What needs to be done » Check each line of the entries. Copy the ones that contain the string "COMPRESSOR".

# # # # # # #

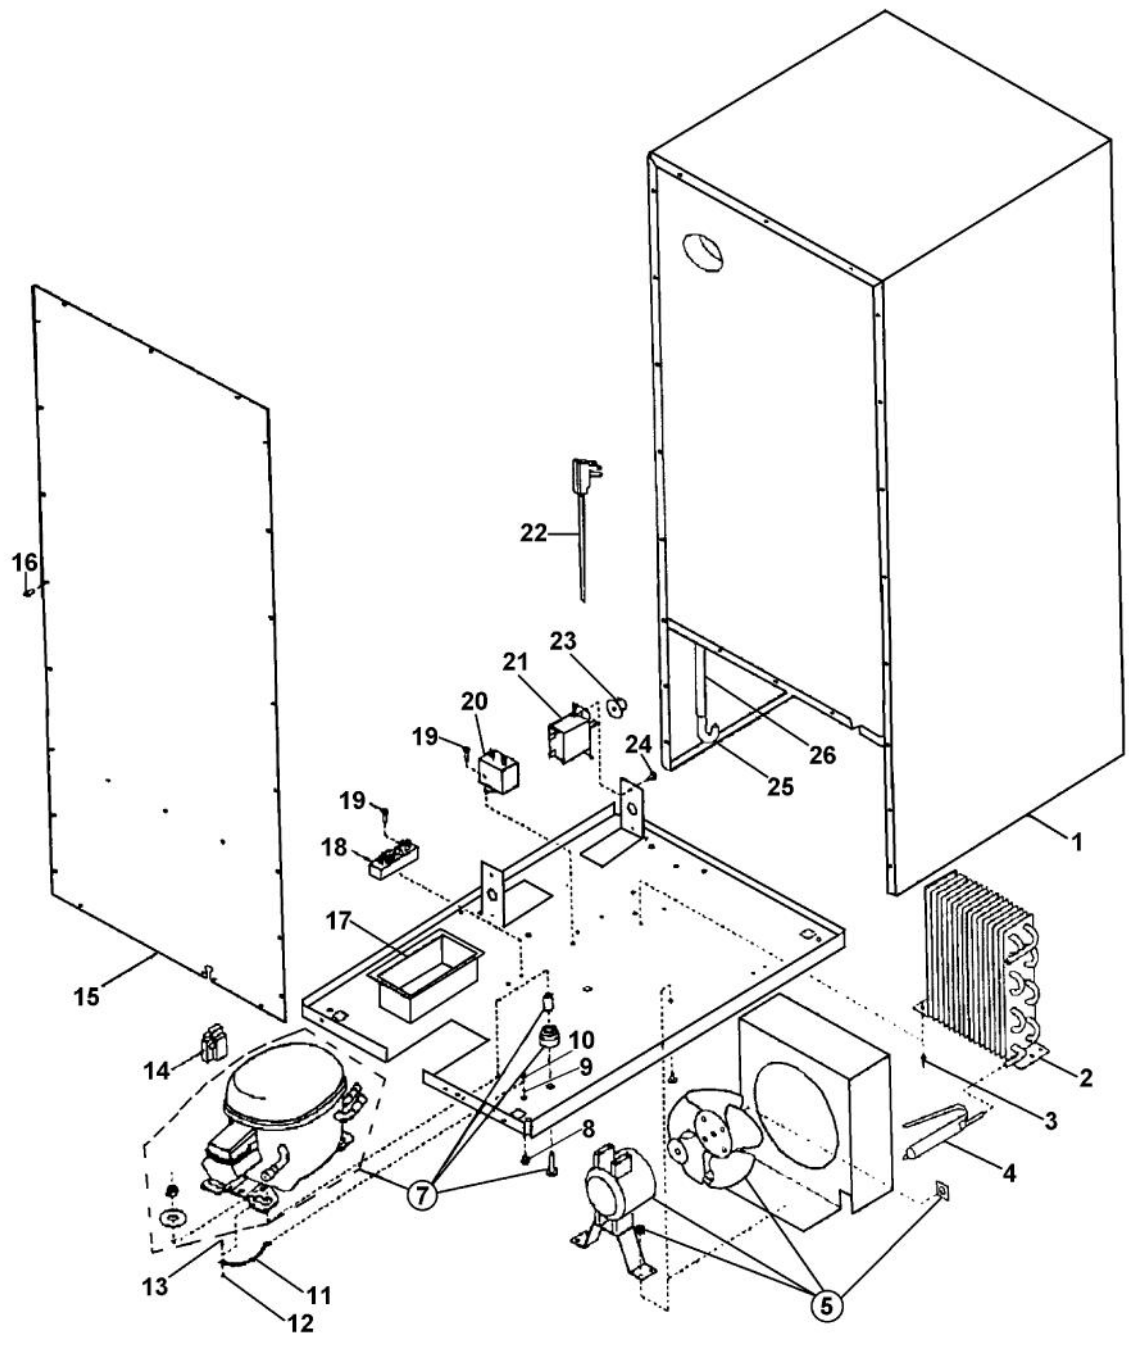

# VIKING VUAR151 Owner's Manual

[Shop genuine replacement parts for VIKING VUAR151](#)

[Find Your VIKING Refrigerator Parts - Select From 341 Models](#)

----- Manual continues below -----

Ref #	Part Number	Qty.	Description
1	NOT REPLACABLE		LABEL
2	PW240029		CONDENSER 42242893
3	PW300141		POP RIVET, SS (VUIM150) 42243617
4	PW240030		DRIER (42242894)
5	PW300152		FAN MOTOR ASSY (VUIM150) 42244701
6	PW210024		FAN SHROUD
7	PW240041		COMPRESSOR 15 (42242896)
8	PW300168		CARRIAGE BOLT (VUIM150) 42243618
9	PW300143		LOCK WASHER (VUIM150) 42243619
10	PW300169		LOCK NUT
11	PW240031		GROUND WIRE COMPRESSOR (42243623)
12	PW200027		NO. 8 STAR WASHER
13	PW200028		HEX HEAD SCREW
14	PW240007		PTC STARTER (VUWC140) 42242427
15	PW210025		BACK PANEL (42242897)
16	PW200004		SCREW LENS COVER 42243354
17	PW210014		DRIP PAN ASSY. (VUWC140)X42242055
18	PW240008		TERMINAL BLOCK VUWC140 42242407
19	PW200029		SCREW
20	PW240012		RUN CAPACITOR (VUWC140) 42242061
21	PW240033		SSAC CONTROL (AFTER 8/1/01)
22	PW240034		POWER CORD VUWC150 (41006714)
23	PW230004		THERMOSTAT KNOB (VUWC140)X42241950
24	PW200002		SCREW 8204905
25	PW240052		J TRAP
26	PW240035		DRAIN TUBE 41005383

Ref #	Part Number	Qty.	Description
1	PW300138		HOLE PLUG
2	PW240049		151 EVAP ASSY (42244612)
3	PW200004		SCREW LENS COVER 42243354
4	PW210026		RACK STRIP
5	PW200042		POP RIVET
6	PW210027		DRIP TRAY (42242903)
7	PW240037		LIGHT EXTRUSION 41005657
8	PW210028		WIRE SHELF 42243598
NI	PW210029		GLASS SHELF 42243597
NI	PW210030		WINE RACK 42243599
9	PW240048		AURA LIGHT ASSEMBLY
10	PW200043		LOCK WASHER
11	PW200008		SCREW
12	PW200003		SCREW 42242847 (PKG 20)
	PW300144		SCREW, GRILLE - WH (VUIM) 42243104
13	PW240016		ON / OFF SWITCH
	PW240039		LIGHT SWITCH - BLACK GRILLE
14	PW240040		ON / OFF SWITCH
15	PW210031		GRILLE-BLACK 42242909
	PW210032		GRILLE-WHITE (41005742)
NI	PW300251		LEVELING LEGS

# # # # # # #

The answer »
7	PW240041		COMPRESSOR 15 (42242896)
11	PW240031		GROUND WIRE COMPRESSOR (42243623)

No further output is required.